Tucked away in Bowen Hills, a quirky and thought-provoking museum commemorating some of Queensland and Australia’s most prominent settler families is opening to the public this October.

Heritage-listed Miegunyah House Museum, home of the Queensland Women’s Historical Association, was built in 1886 for William Perry, who lived in the house with his family until 1922. 

It is fitting that the house is located on Jordan Terrace, not far from Bunnings Warehouse, because William and his brothers George and Frederick were the original suppliers of hardware for the area.

A tour of the house will educate visitors on not only the inhabitants of the house, but also some fascinating historical artifacts from the settlers’ early days.

This includes taxidermied dogs, intricately painted ‘heat shields’ for ladies’ makeup when sitting by the fireplace, and a wine chest rumoured to have been at the Battle of Waterloo.

The historical significance of the house spans from Brisbane’s early days to WWII, when the house was the staging camp for the soldiers of Z Special Unit who successfully sank 38,000 tons of Japanese shipping in a dangerous mission.

The museum is currently running an exhibit called Pioneers in Petticoats that displays information about the Macarthur women, whose family was very influential in the early colonisation history of New South Wales and Queensland.

They were part of the first generation of women born in Australia and led a privileged life, marrying off to prominent men, but still faced their fair share of challenges.

Catherine Macarthur’s husband was Patrick Leslie, who opened up the Darling Downs for pastoralists in the 1840s, and Anna Macarthur’s husband was Captain John Clements Wickham, a police magistrate in Brisbane.

The exhibition features items such as the Macarthur women’s diaries, full of recounts of their lives, watercolour drawings and love poems, and a purple bodice and underskirt remnants which were picked apart and resewn in the making-do habits of early colonial women.

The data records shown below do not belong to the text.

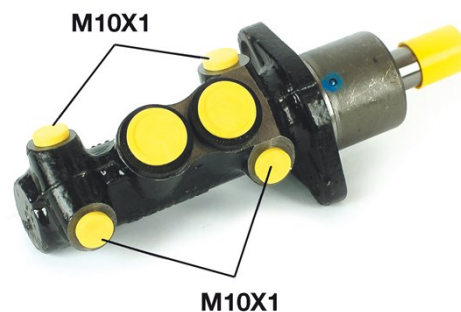

## Specificații tehnice pompă de frână

<b>Osie</b>	<b>Diametru</b> 22,2 mm
<b>Filetare</b> 10 x 1 (4)	<b>Sistem de frânare</b> ATE
<b>Material</b> Cast Iron	<b>Poziție</b>

**Cod EAN**  
8432509612835

## Autovehicule compatibile

SEAT			
Model	Tip	kW	An
CORDOBA (6K1, 6K2)	1.0 i	37	09/96 10/02
CORDOBA (6K1, 6K2)	1.4 16V	55	05/00 10/02
CORDOBA (6K1, 6K2)	1.6 i	55	02/93 10/02
CORDOBA (6K1, 6K2)	1.6 i	55	05/94 06/99
CORDOBA (6K1, 6K2)	1.6 i	74	07/96 10/02
CORDOBA (6K1, 6K2)	1.8 i	66	02/93 09/02
CORDOBA (6K1, 6K2)	1.8 i 16V	95	10/93 08/96
CORDOBA (6K1, 6K2)	1.8 T 20V Cupra	115	07/00 10/02
CORDOBA (6K1, 6K2)	1.9 D	47	01/96 08/96
CORDOBA (6K1, 6K2)	1.9 D	50	02/93 08/96
CORDOBA (6K1, 6K2)	1.9 SDI	50	06/99 10/02
CORDOBA (6K1, 6K2)	1.9 SDI	47	08/96 06/99
CORDOBA (6K1, 6K2)	1.9 TDI	81	03/97 10/02
CORDOBA (6K1, 6K2)	1.9 TDI	66	08/96 10/02
CORDOBA (6K1, 6K2)	2.0 i	85	02/93 06/99
CORDOBA (6K1, 6K2)	2.0 i 16V	110	08/96 06/99
CORDOBA Vario (6K5)	1.4 16V	55	06/99 12/02
CORDOBA Vario (6K5)	1.6 i	55	05/97 06/99
CORDOBA Vario (6K5)	1.6 i	55	09/96 12/02

See these items and others at the Miegunyah House Museum’s annual, free-of-charge Open Day on October 8 from 10.00am – 1.30pm.

No need to book, but you can RSVP at www.miegunyah.org/event-details/miegunyah-open-day-2023.

Miegunyah is also open for guided tours, bookings essential, on Wednesdays, Saturdays and Sundays, and before or afterwards, for $10 guests can enjoy a Devonshire Tea on the verandah.

Photo Caption: Secretary Robyn Wallace and Vice President Janine Foreman are two of the very knowledgeable ladies who give fascinating tours of the museum for the Queensland Women’s Historical Association.